++++ Material to process

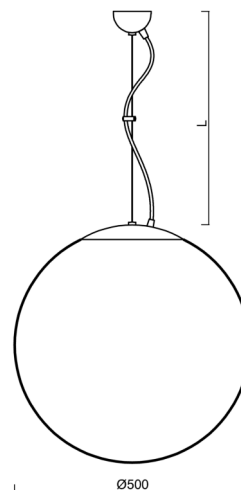

# ADRIA L4

Product code: ADR60310

Type: LED-5L07E900ZL11/098/L100/NK1W NB 3K##

Short description of the luminaire: Stainless brushed pendant LED light with emergency unit combined with TRIPLEX OPAL glass shade.

## Technical

Types of luminaires	Emergency combined
Mounting type	Suspended - wire
Base material	stainless steel steel
Shade material	three-layer glass TRIPLEX OPAL
Base color	brushed stainless steel
Shade color	white
Holding the shade	folding system
Mounting location	ceiling
Width	500 mm
Length	500 mm
Height	500 mm
Diameter	ø 500 mm
Hinge length	1000 mm
mounting holes (diameter)	none
Installation wire (diameter)	none
Energy Class	D
Impact strength	IK01
Operating temperature	from 0°C to +30°C
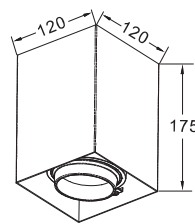

ARIES Surface Mounted Downlight

- Anti-glare
- Adjusting Shaft Design
- High-performance Chip

Aries Surface Mount Downlight - Single

Aries Surface Mount Downlight - Double

| Power | 15W | 20W | 30W | 40W |
|--------------------|-------------------------------|--------|-------------------------------|--------|
| Lumen Output | 975lm | 1300lm | 1950lm | 2600lm |
| Beam Angles | 15° 24° 30° 36° 60° | | 15° 24° 30° 36° 60° | |
| Colour Temperature | 2700K 3000K 4000K 5000K | | 2700K 3000K 4000K 5000K | |
| CRI | 92+ 97+ | | 92+ 97+ | |
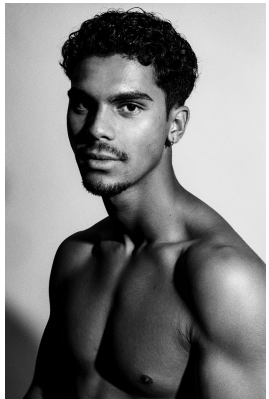

BOSS MODELS

JOHANNESBURG

JOSH JOOSTE

Height: 182cm Chest: 100cm Waist: 84cm Shoe: 10 UK Hair: Black Eyes: Brown

BOSS MODELS

JOHANNESBURG

JOSH JOOSTE

Height: 182cm Chest: 100cm Waist: 84cm Shoe: 10 UK Hair: Black Eyes: Brown
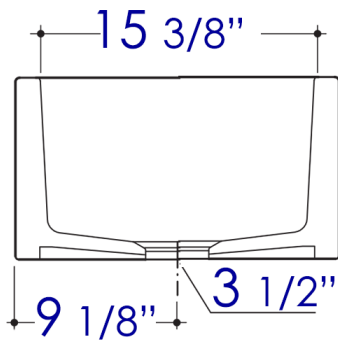

AB3018SB

30" Smooth Solid Thick Wall Fireclay
One Bowl Farm Sink

Note: All product dimensions are approximate and should be verified on site prior to installation.
Visit www.ALFIbrand.com for more information.
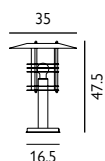

1lt Pedestal

Max. Wattage: 12W LED E27 / 46W Halogen E27

Finish: Galvanized

Warranty: 8 years*

Concreting anchor supplied.

ST3-G-GAL

ST4-GALVANIZED

1lt Pillar
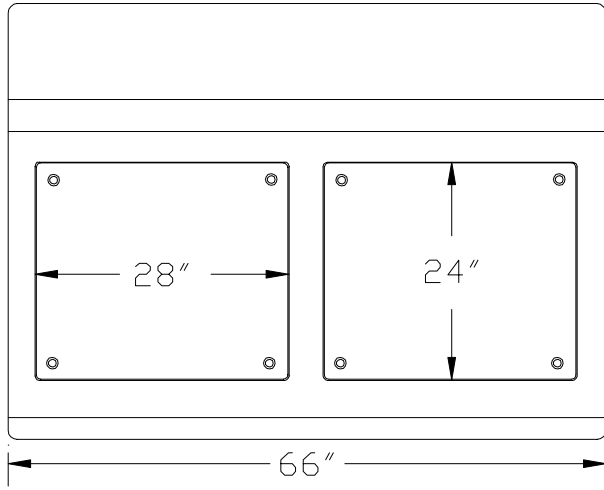

TOP VIEW

SIDE VIEW

FRONT VIEW

REAR VIEW

**WF** MODEL WFC1020CB  
 WARMINSTER FIBERGLASS
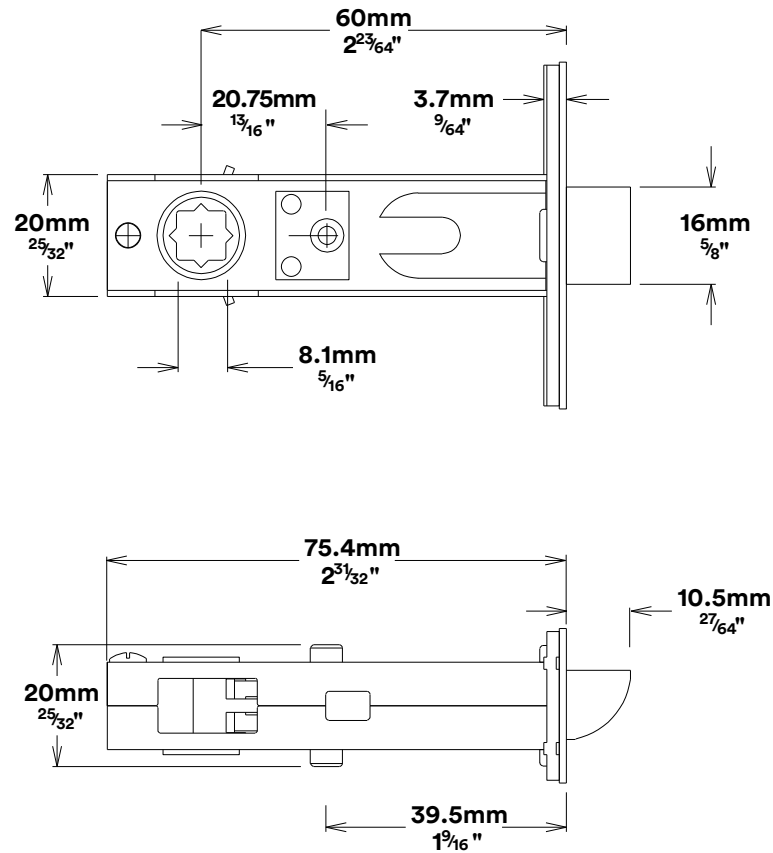

Door Lever Brunswick Rose Round Inbuilt Privacy

Tube Latch Privacy & Striker

Dust Box & Striker

Tube Latch

Faceplate

Created for life.
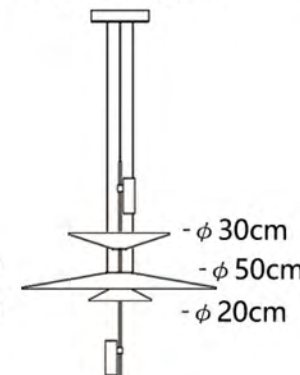

DW-D067-A

DW-D067-B
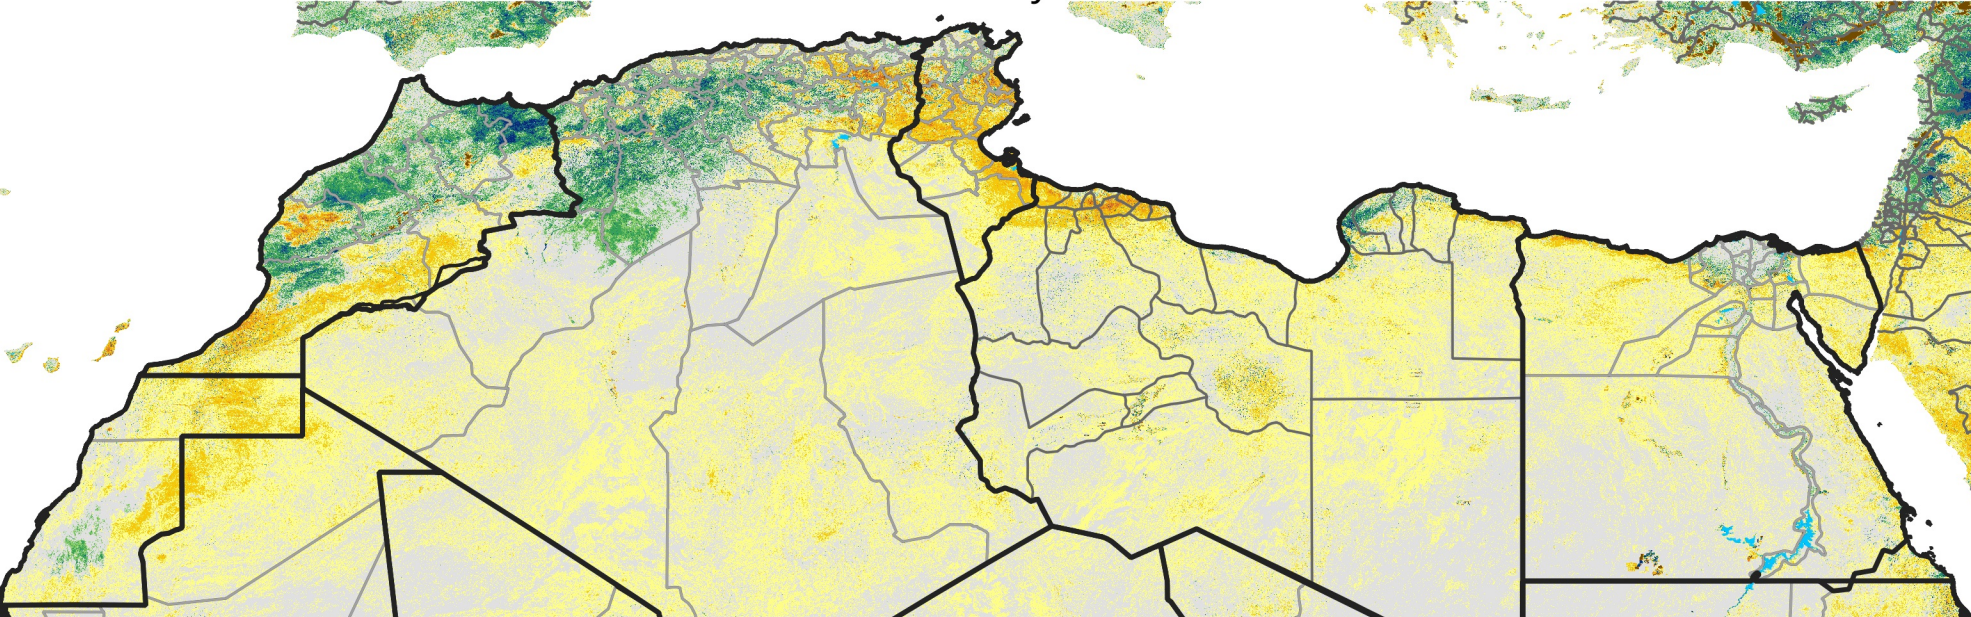

North Africa Percent of Mean NDVI

2013 / mean (2003 - 2022)
Period 05 / February 11 - 20, 2013

Percent of Normal
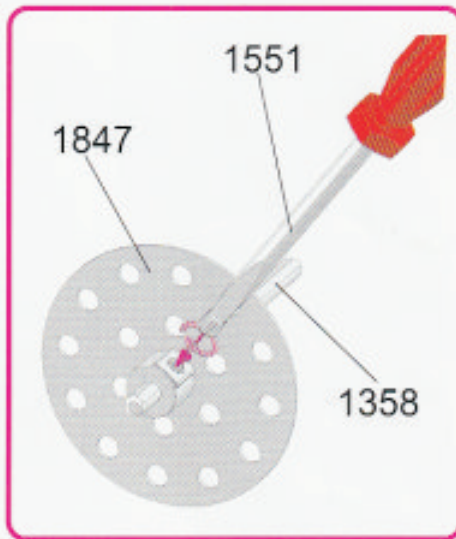

eitech
ENERGY

Grundlage -basis -base -bases

3

4

2X

5

3

4

16

14

17.1

16

1x1358

17.2

18

12 X

1x1740

24x1842 R=200mm

24x1841 R=160mm

12x1840 R=60mm

5x1381
M4x4mm

395x1514
M4x6mm

6x1515
M4x8mm

6x1516
M4x12mm

4x1848

4x1848

4x1848

8x1562

8x1562

8x1562

1x1557 M4

1x1358 Ø4mmx150mm
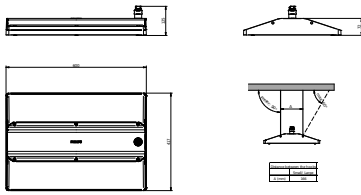

GentleSpace gen4

Dimensional drawing

BY581P, BY583P suspended
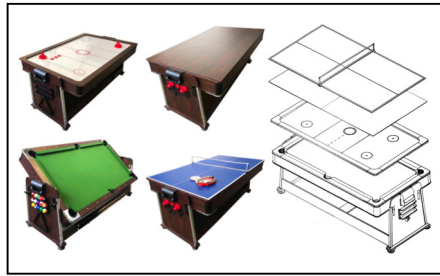

Product Code SNOKCPT **Unit** SET
Description
HOME USE POOL TABLE
CUE STICKS/TRIANGLE/BALL SET/
CHALK & BRUSH INCL
ASSEMBLY REQUIRED

++++++++

◆ What the task asks
Restate word for word the entries above from the line with "- Anti-glare" through the line with "1950lm | 2600lm |", inclusive, leaving out everything else.

◆ Exercise response
- Anti-glare
- Adjusting Shaft Design
- High-performance Chip

Aries Surface Mount Downlight - Single

Aries Surface Mount Downlight - Double

| Power | 15W | 20W | 30W | 40W |
|--------------------|-------------------------------|--------|-------------------------------|--------|
| Lumen Output | 975lm | 1300lm | 1950lm | 2600lm |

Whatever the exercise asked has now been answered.